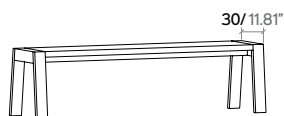

LONGITUD/ LENGTH	PROF/ DEPTH	ALTURA/ HEIGHT	REFERENCIA/ REFERENCE
---------------------	----------------	-------------------	--------------------------

TABURETE/ STOOL/ TABOURETS/ HOCKER/ SGABELLI

ø28		42,5 cm	FLK101
ø11,02		16,73"	

ø50		53,5 cm	FLK302
ø19,69		21,06"	

ø80		34,4 cm	FLK301
ø31,5		13,54"	

ø80		72,5 cm	FLK303*
ø31,5		28,54"	

ø60		109,5 cm	FLK304*
ø23,62		43,11"	

*Pedido mínimo 12 unidades/ Minimum oder 12 units/ Commande minimum de 12 unités/ Mindestbestellmenge 12 Einheiten/ Ordine minimo 12 unità

BANCOS/ BENCHES/ BANCS/ BÄNKE/ PANCHE

90	39	43 cm	FLK201*
120, "	15,35"	16,93"	

120	39	43 cm	FLK202*
121, "	15,35"	16,93"	

160	39	43 cm	FLK203*
122, "	15,35"	16,93"	

*Pedido mínimo 12 unidades/ Minimum oder 12 units/ Commande minimum de 12 unités/ Mindestbestellmenge 12 Einheiten/ Ordine minimo 12 unità
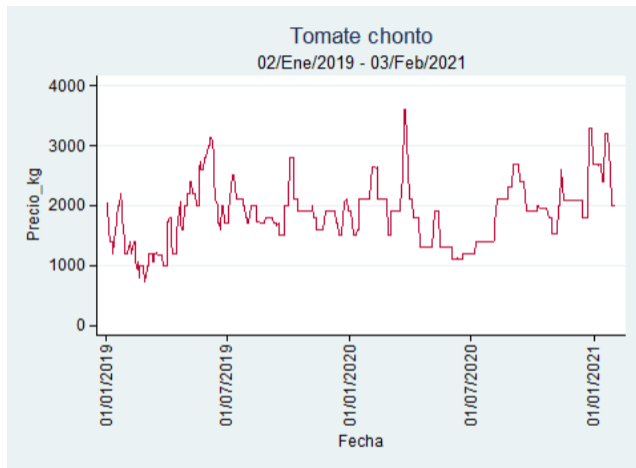

Fuente: SIPSA, 2020.

Pereira – La 41

Nota: se reporta el precio promedio diario del mercado.

Fuente: SIPSA, 2020.

Santa Marta

Nota: se reporta el precio promedio diario del mercado.

Fuente: SIPSA, 2020.

Tunja – Complejo de Servicios del Sur
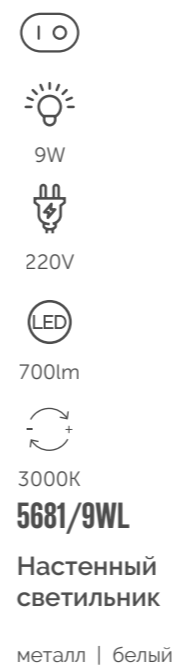

Ferris

Настенный светильник Ferris придает Вашему интерьеру элегантность и функциональность. Он оснащен светодиодной лентой, которая создаёт эффект отраженного света от стены. Такой световой эффект добавляет тепла и уюта в Ваше пространство. Дополнительно, этот светильник оборудован светодиодным спотом, который обеспечивает направленный свет для чтения или акцентного освещения. Вы сможете насладиться ярким и комфортным светом во время отдыха или работы.

L
E
D
I
O
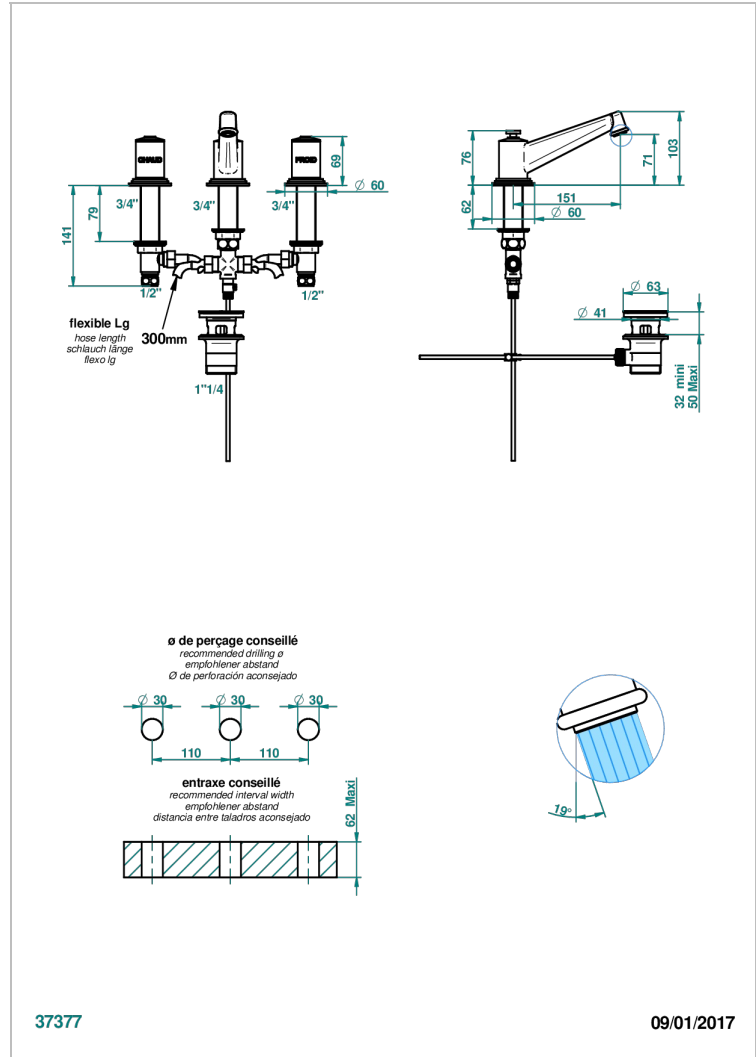

FAUBOURG BLACK PORCELAIN

G2L-152M

3孔台盆龙头, 带下水器, 高喷嘴, 大理石紧固件

特色

- ACS : 18ACCLY393
- NF : NF EN 200 - IA - Chrome
- SVGW-SSIGE : 1901-6813

标准

技术特征

- Recommandé : 3 bars (max. 5 bars) - Advised : 43,5 psi (max. 72 psi)
- 8,3 l/min à 3 bars (2.2 gpm at 43.5 psi)
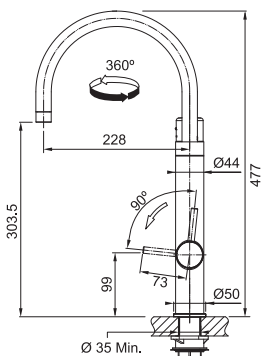

## VITAL TAP

 **Celonerez Černá/  
Nerez**  
120.0621.312\*

 **Chrom/  
Gun Metal**  
120.0621.229\*

**21 780 Kč (vč. DPH)**  
**18 000 Kč (bez DPH)**  
**864 € (vr. DPH)**

**18 755 Kč (vč. DPH)**  
**15 500 Kč (bez DPH)**  
**744 € (vr. DPH)**
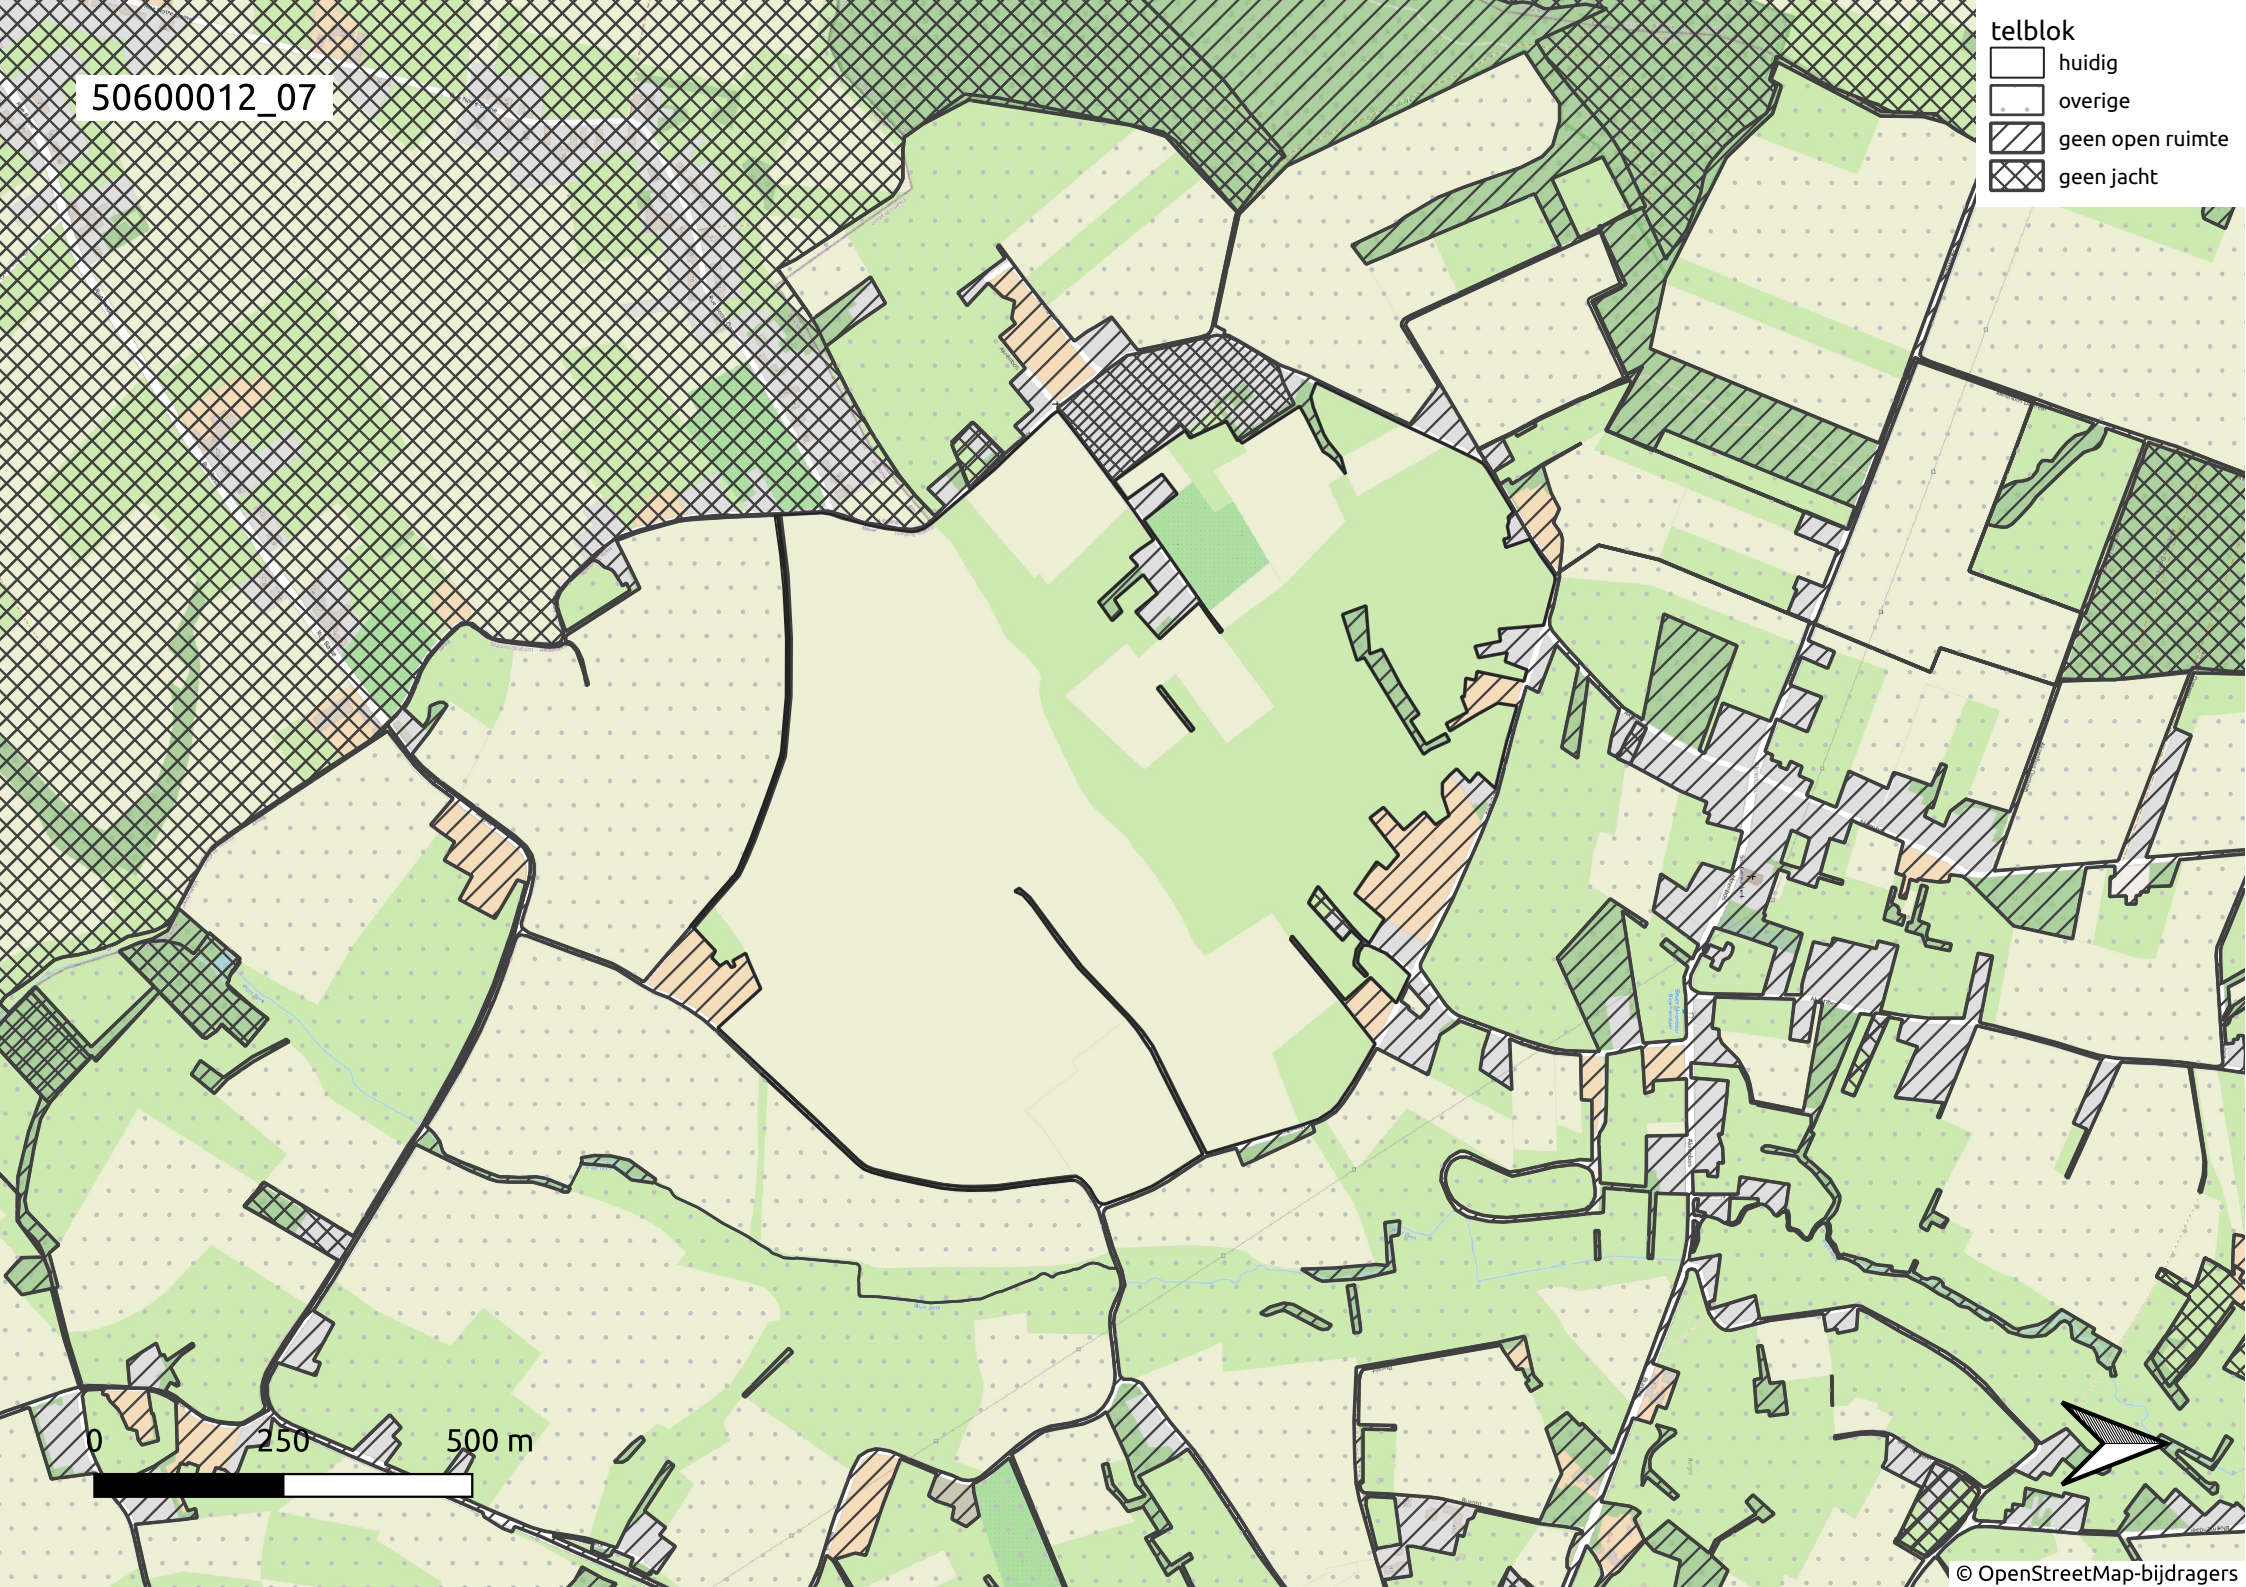

0 250 500 m

50600012_04

- telblok
- huidig
 - overige
 - geen open ruimte
 - geen jacht

0 250 500 m

50600012_05

- telblok
- huidig
 - overige
 - geen open ruimte
 - geen jacht

50600012_06

- telblok
- ▭ huidig
 - ▭ overige
 - ▨ geen open ruimte
 - ▩ geen jacht

50600012_07

- telblok
- huidig
 - overige
 - geen open ruimte
 - geen jacht

0 250 500 m

......

* [Problem requirements]
Pictures stay out. Print the lines of the records above exactly, from the first through the one with "- 8,3 l/min à 3 bars (2.2 gpm at 43.5 psi)".

* [Expected answer]
LONGITUD/ LENGTH	PROF/ DEPTH	ALTURA/ HEIGHT	REFERENCIA/ REFERENCE
---------------------	----------------	-------------------	--------------------------

TABURETE/ STOOL/ TABOURETS/ HOCKER/ SGABELLI

ø28		42,5 cm	FLK101
ø11,02		16,73"	

ø50		53,5 cm	FLK302
ø19,69		21,06"	

ø80		34,4 cm	FLK301
ø31,5		13,54"	

ø80		72,5 cm	FLK303*
ø31,5		28,54"	

ø60		109,5 cm	FLK304*
ø23,62		43,11"	

*Pedido mínimo 12 unidades/ Minimum oder 12 units/ Commande minimum de 12 unités/ Mindestbestellmenge 12 Einheiten/ Ordine minimo 12 unità

BANCOS/ BENCHES/ BANCS/ BÄNKE/ PANCHE

90	39	43 cm	FLK201*
120, "	15,35"	16,93"	

120	39	43 cm	FLK202*
121, "	15,35"	16,93"	

160	39	43 cm	FLK203*
122, "	15,35"	16,93"	

*Pedido mínimo 12 unidades/ Minimum oder 12 units/ Commande minimum de 12 unités/ Mindestbestellmenge 12 Einheiten/ Ordine minimo 12 unità

Fuente: SIPSA, 2020.

Pereira – La 41

Nota: se reporta el precio promedio diario del mercado.

Fuente: SIPSA, 2020.

Santa Marta

Nota: se reporta el precio promedio diario del mercado.

Fuente: SIPSA, 2020.

Tunja – Complejo de Servicios del Sur

Ferris

Настенный светильник Ferris придает Вашему интерьеру элегантность и функциональность. Он оснащен светодиодной лентой, которая создаёт эффект отраженного света от стены. Такой световой эффект добавляет тепла и уюта в Ваше пространство. Дополнительно, этот светильник оборудован светодиодным спотом, который обеспечивает направленный свет для чтения или акцентного освещения. Вы сможете насладиться ярким и комфортным светом во время отдыха или работы.

L
E
D
I
O

FAUBOURG BLACK PORCELAIN

G2L-152M

3孔台盆龙头, 带下水器, 高喷嘴, 大理石紧固件

特色

- ACS : 18ACCLY393
- NF : NF EN 200 - IA - Chrome
- SVGW-SSIGE : 1901-6813

标准

技术特征

- Recommandé : 3 bars (max. 5 bars) - Advised : 43,5 psi (max. 72 psi)
- 8,3 l/min à 3 bars (2.2 gpm at 43.5 psi)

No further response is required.